I had a situation yesterday where I had to create a script to silently uninstall the Adobe Creative Cloud. For what we were trying to do, the Creative Cloud app had been installed accidentally on some computers that did not need it, so we only needed to uninstall the creative cloud app itself. This will not uninstall any other Creative Cloud apps that may have been installed.
Adobe’s documentation and forums were not terribly helpful in this regard, but after poking around a little bit, we were able to get it figured out.
Adobe has an uninstaller app that you can use at -
/Applications/Utilities/Adobe Creative Cloud/Utils/Creative Cloud Uninstaller.app
This works fine if you are uninstalling it on your own machine, and have admin privileges, but if you are trying to trigger this from an MDM, you can’t use this directly.

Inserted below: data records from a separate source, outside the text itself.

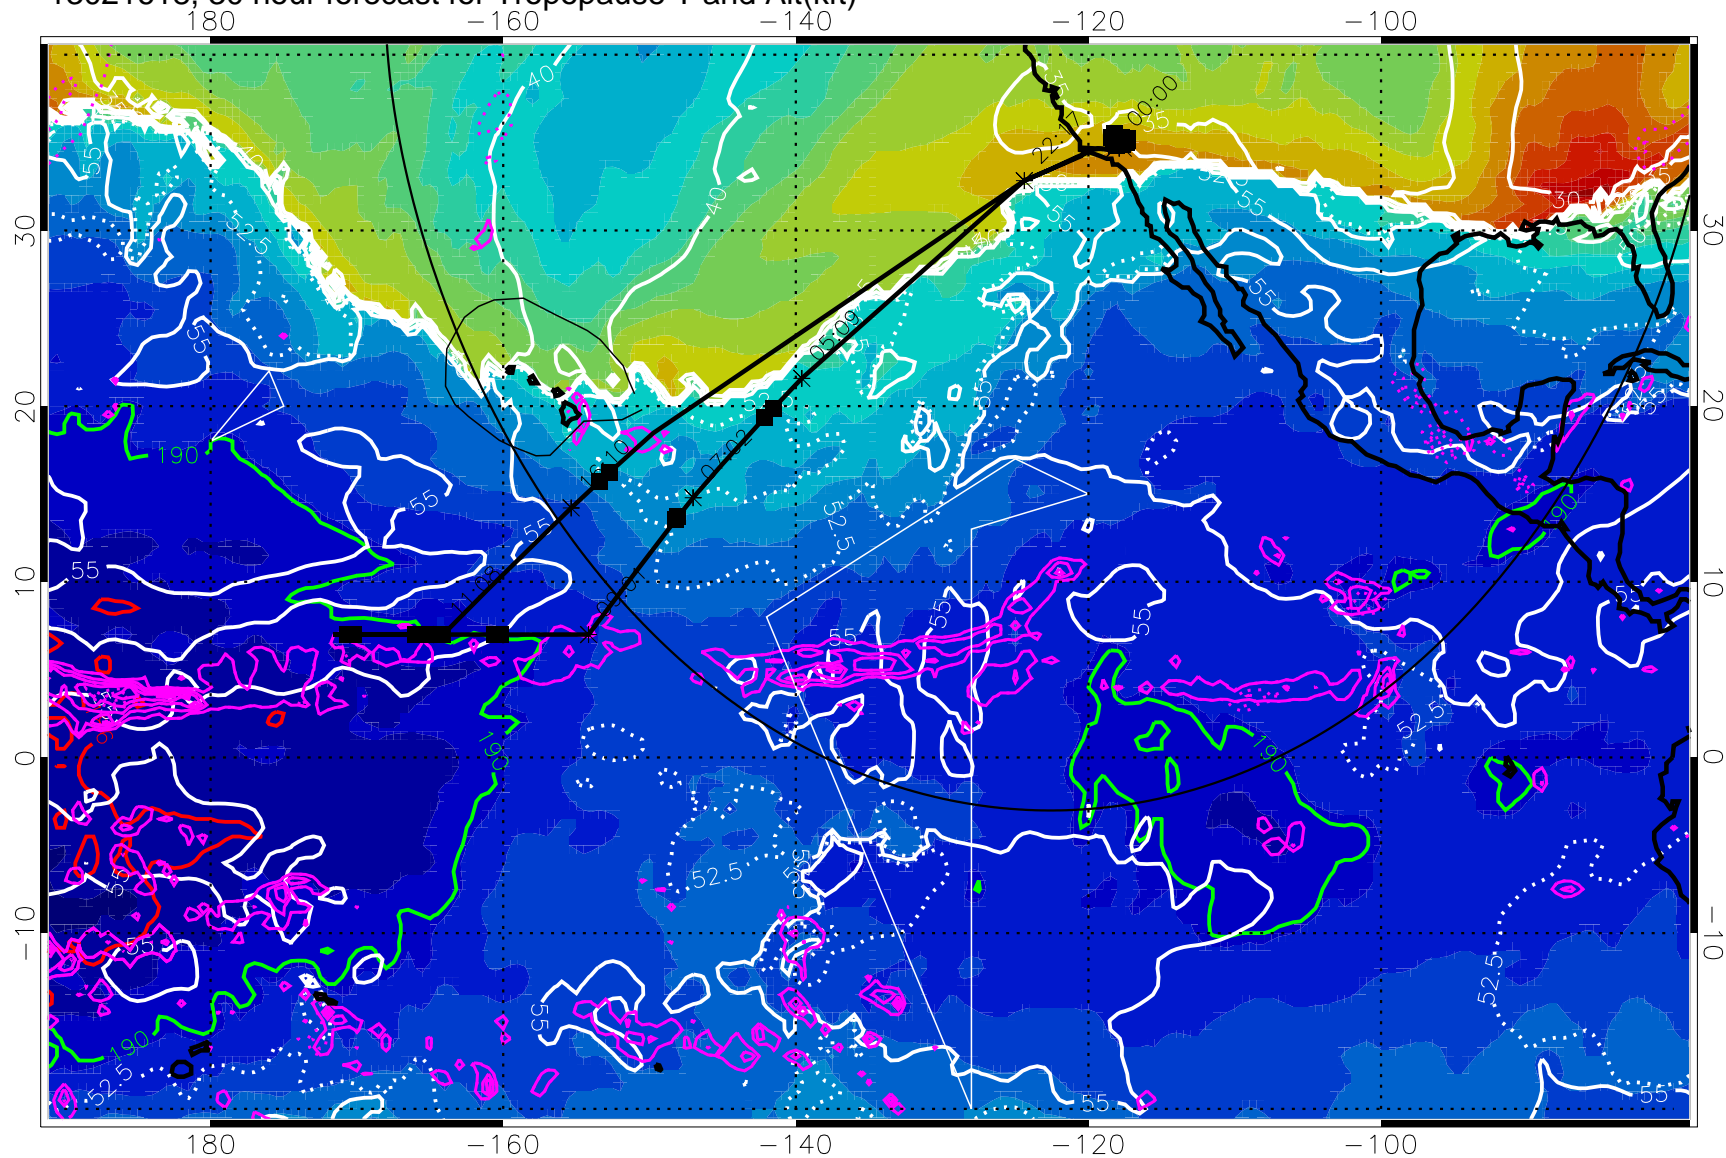

189.5K skin

185.9K engine

Range ring of 4055 km -- 13 hours GH round trip

13021606, 18 hour forecast for Tropopause T and Alt(kft)

Tropopause T, K

Tropopause Altitude in kft (white)

Precip (tot dot, conv sol) past 6 hrs 6 kg/m2 contours, min 4

189.5K skin

185.9K engine

→ 30 m/s

Range ring of 4055 km -- 13 hours GH round trip

13021612, 24 hour forecast for Tropopause T and Alt(kft)

Tropopause T, K

Tropopause Altitude in kft (white)

Precip (tot dot, conv sol) past 6 hrs 6 kg/m² contours, min 4

189.5K skin

185.9K engine

→ 30 m/s

Range ring of 4055 km -- 13 hours GH round trip

13021618, 30 hour forecast for Tropopause T and Alt(kft)

190 200 210 220 230

Tropopause T, K

Tropopause Altitude in kft (white)

Precip (tot dot, conv sol) past 6 hrs 6 kg/m² contours, min 4

189.5K skin

185.9K engine

→ 30 m/s

Range ring of 4055 km -- 13 hours GH round trip

13021700, 36 hour forecast for Tropopause T and Alt(kft)

Tropopause T, K
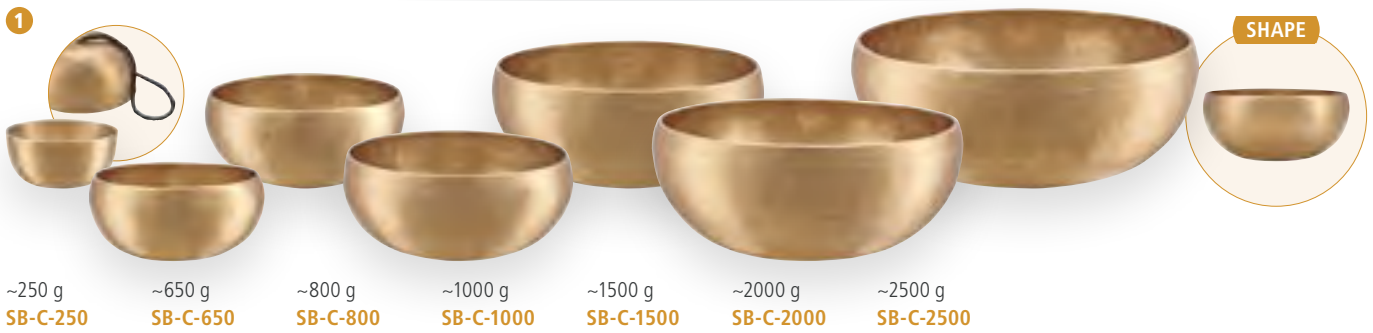

SINGING BOWLS
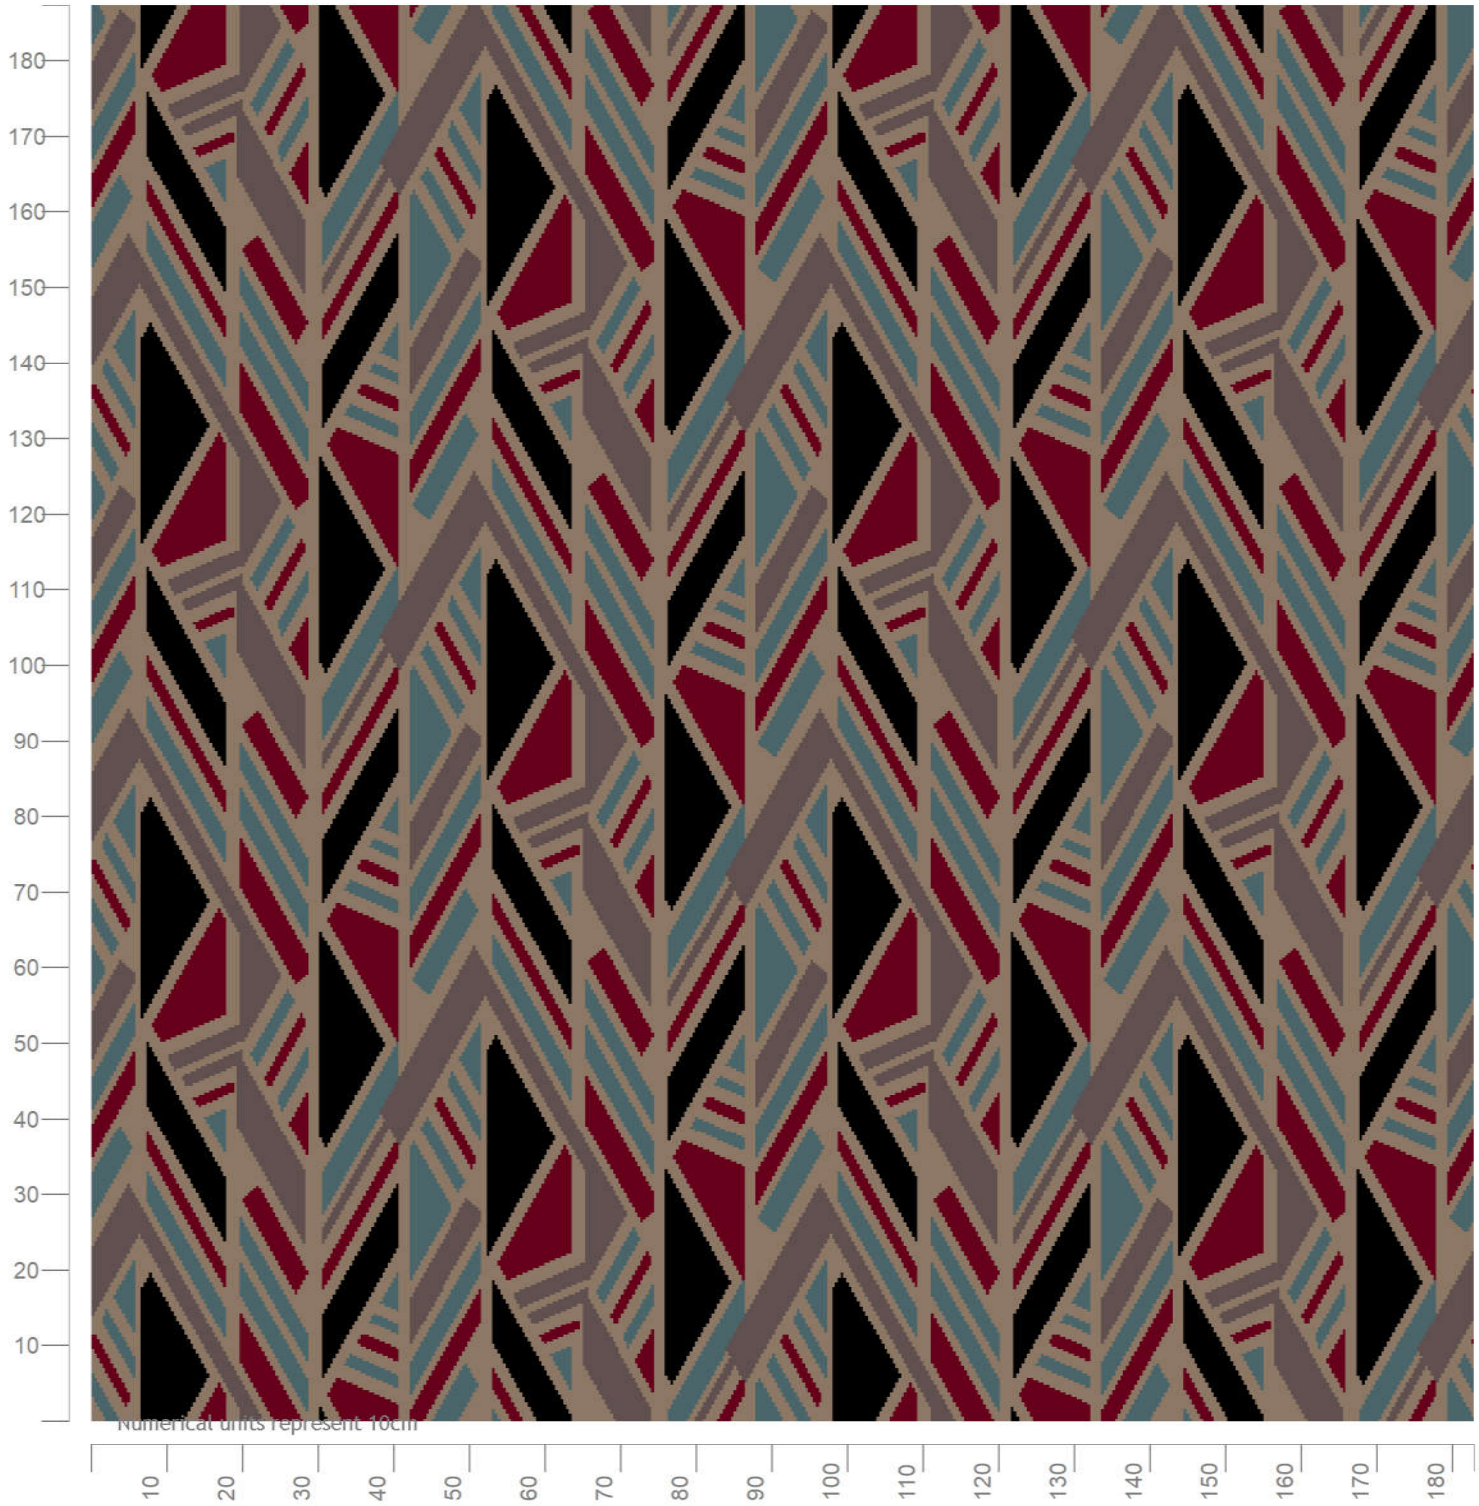

# Wilton Carpets

Design ID: F0495 B 1  
 Design Size: 3ft 0in x 2ft 0.75in  
 Metric: 0.91M x 0.63M  
 Ends\*Rows: 252 x 198  
 Quality: 7 x 8 per Inch  
 Match: Straight  
 Print Scale: 1:10 (1 1/5" to 1 Foot)  
 Repeats: 2 by 2.98
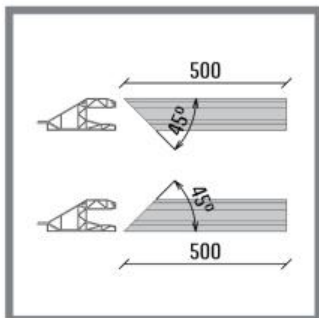

### PLATING COVERS

		D	B	L
2089098	CF-303 Brute	3	25	4000mm
2089355	CF-303 Stainless look	3	25	4000mm
2089100	CF-312 Brute	12	34	4000mm
2089356	CF-312 Stainless look	12	34	4000mm
2089102	CF-320 Brute	20	42	4000mm
2089357	CF-320 Stainless look	20	42	4000mm

### CORNER PIECES\*

- 2089076 SB-A2 Inside corner left
- 2089077 SB-A2 Inside corner right
- 2089078 SB-A2 Outside corner left
- 2089079 SB-A2 Outside corner right

L  
500mm  
500mm  
500mm  
500mm

\*Only available in stainless look
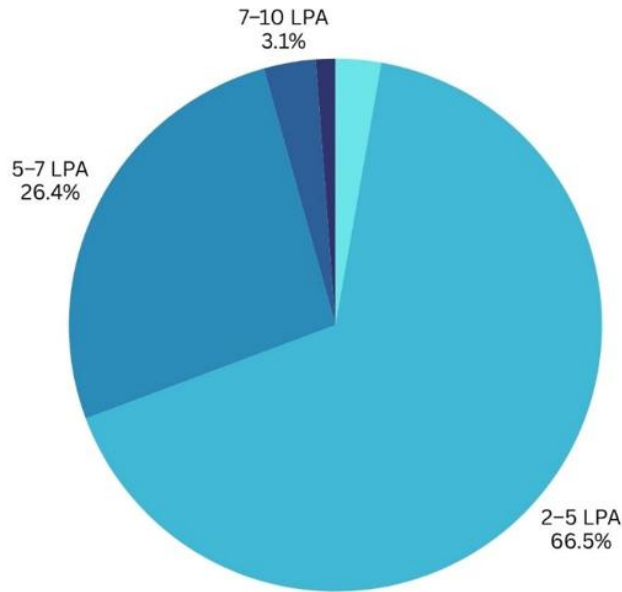

## PLACEMENT STATISTICS 2018 – 2019

DEPARTMENT WISE PLACEMENT 18-19

## Gender Wise Placement Chart 2018- 2019

GENDER 18-19

**GOVERNMENT COLLEGE OF TECHNOLOGY, COIMBATORE-13**  
**PLACEMENT STATISTICS 2018 – 2019**  
**Salary Range Distribution Chart 2018- 2019**

**LPA WISE PLACEMENT 18-19**

In order to script the action, you need to go inside this app bundle and find the executable itself. To find this, right click on the .app file and then select “Show Package Contents”, then look for an executable inside the folders in the .app bundle. For this app, this is found at -
/Applications/Utilities/Adobe Creative Cloud/Utils/Creative Cloud Uninstaller.app/Contents/MacOS/Creative Cloud Uninstaller
Pro Tip - If you hold down
Option
on Mac while looking at the context view (right click on a file or folder), then theCopy
option of the file becomesCopy “file” as pathname
which makes it much easier to then paste in to a script or terminal session. For terminal you can also click and drag the file in to terminal and it will drop the path in there, but I personally usually use the context menu option, so I can paste it anywhere else.
Scripting the Uninstaller
Once we found the executable file, we knew that we could just call this in a script pretty easily, making it much easier to do this through MDM.
To test this out, I just ran in terminal directly on my test machine -
sudo '/Applications/Utilities/Adobe Creative Cloud/Utils/Creative Cloud Uninstaller.app/Contents/MacOS/Creative Cloud Uninstaller'
But this popped up with a prompt asking if we want to uninstall or repair. For what we are doing we did not want it to prompt the user at all, and just run the uninstaller.
After trying several of the most common flags to force it to silently do the uninstall (i.e. --silent
or --no-gui
, etc.) with no luck, I was able to find on some documentation that Adobe has that passing -u
in might do it, and it did the trick!
So with that in mind we wrote a bash script to do what we needed to do.
Note -
We use Kandji as our primary MDM, so this script is written so that it could be used as an audit script if we needed to in the future. In this case I just added it to Self Service, and it should work in any MDM that supports scripts, but the format is specifically with being an audit script in mind
#!/bin/bash
APPPATH="/Applications/Utilities/Adobe Creative Cloud/ACC/Creative Cloud.app"
if [ -e "$APPPATH" ]; then
sudo "/Applications/Utilities/Adobe Creative Cloud/Utils/Creative Cloud Uninstaller.app/Contents/MacOS/Creative Cloud Uninstaller" -u
exit 1
else
exit 0
fi
This script will first check to see if the app is there, then if it is, it will run the uninstaller mentioned above. If not, it will just exit the script with 0, so that it passes the audit.